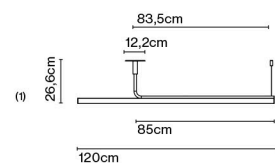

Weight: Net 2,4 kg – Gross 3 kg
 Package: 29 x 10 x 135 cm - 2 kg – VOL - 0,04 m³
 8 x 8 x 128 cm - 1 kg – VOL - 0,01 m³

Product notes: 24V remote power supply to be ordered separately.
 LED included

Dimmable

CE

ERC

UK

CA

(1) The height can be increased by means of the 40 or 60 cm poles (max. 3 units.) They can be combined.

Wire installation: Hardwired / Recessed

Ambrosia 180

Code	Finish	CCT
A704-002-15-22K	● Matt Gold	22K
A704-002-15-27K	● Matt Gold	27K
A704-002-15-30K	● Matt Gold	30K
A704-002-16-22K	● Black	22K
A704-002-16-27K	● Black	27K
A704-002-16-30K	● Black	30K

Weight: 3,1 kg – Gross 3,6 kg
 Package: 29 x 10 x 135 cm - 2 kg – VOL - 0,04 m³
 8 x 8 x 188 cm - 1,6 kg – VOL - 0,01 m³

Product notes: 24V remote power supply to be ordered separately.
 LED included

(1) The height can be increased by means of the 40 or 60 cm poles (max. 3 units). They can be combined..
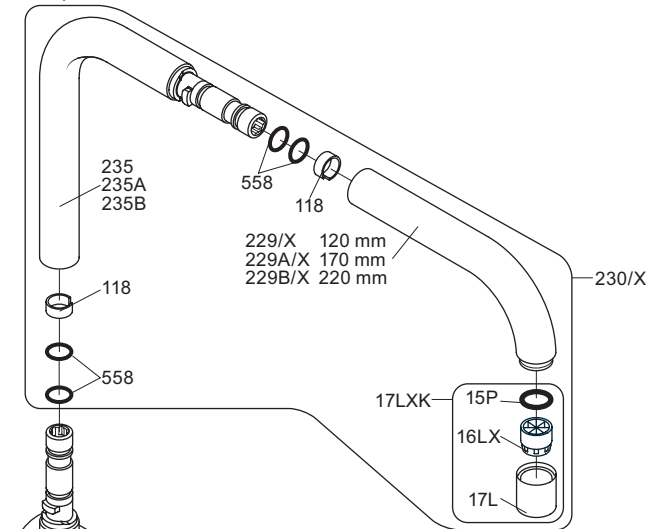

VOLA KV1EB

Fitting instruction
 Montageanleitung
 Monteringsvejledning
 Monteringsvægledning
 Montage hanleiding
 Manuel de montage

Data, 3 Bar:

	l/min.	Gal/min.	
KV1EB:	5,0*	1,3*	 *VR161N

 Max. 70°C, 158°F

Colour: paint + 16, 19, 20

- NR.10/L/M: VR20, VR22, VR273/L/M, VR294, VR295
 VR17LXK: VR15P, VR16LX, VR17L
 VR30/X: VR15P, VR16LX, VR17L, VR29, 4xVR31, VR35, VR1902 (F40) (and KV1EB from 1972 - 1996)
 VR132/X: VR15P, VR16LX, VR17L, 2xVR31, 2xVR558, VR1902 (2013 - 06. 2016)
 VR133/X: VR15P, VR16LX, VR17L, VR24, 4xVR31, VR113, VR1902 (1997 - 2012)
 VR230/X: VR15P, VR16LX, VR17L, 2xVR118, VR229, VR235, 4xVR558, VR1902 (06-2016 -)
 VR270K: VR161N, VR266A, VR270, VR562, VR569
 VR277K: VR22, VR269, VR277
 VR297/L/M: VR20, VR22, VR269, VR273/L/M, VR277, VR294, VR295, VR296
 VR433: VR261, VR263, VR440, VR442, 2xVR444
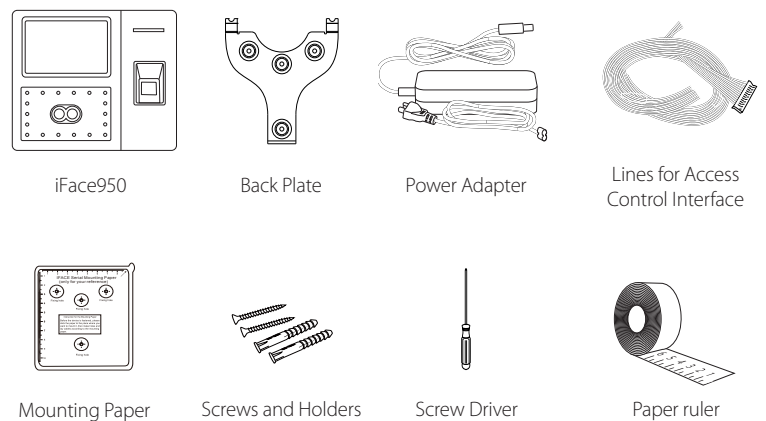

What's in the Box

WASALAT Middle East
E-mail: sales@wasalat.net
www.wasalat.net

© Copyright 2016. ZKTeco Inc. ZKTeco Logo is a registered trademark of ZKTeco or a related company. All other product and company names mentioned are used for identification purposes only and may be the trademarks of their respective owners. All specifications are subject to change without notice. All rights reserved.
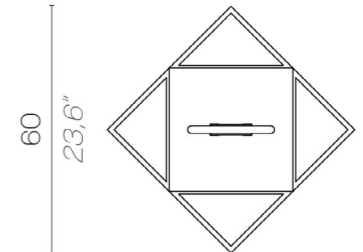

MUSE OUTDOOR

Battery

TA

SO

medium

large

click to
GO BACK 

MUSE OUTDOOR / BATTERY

· · · ·

**Your objective:**
Show a copy of each line from the data that includes the word "increased".

**Solution below:**
(1) The height can be increased by means of the 40 or 60 cm poles (max. 3 units.) They can be combined.
(1) The height can be increased by means of the 40 or 60 cm poles (max. 3 units). They can be combined..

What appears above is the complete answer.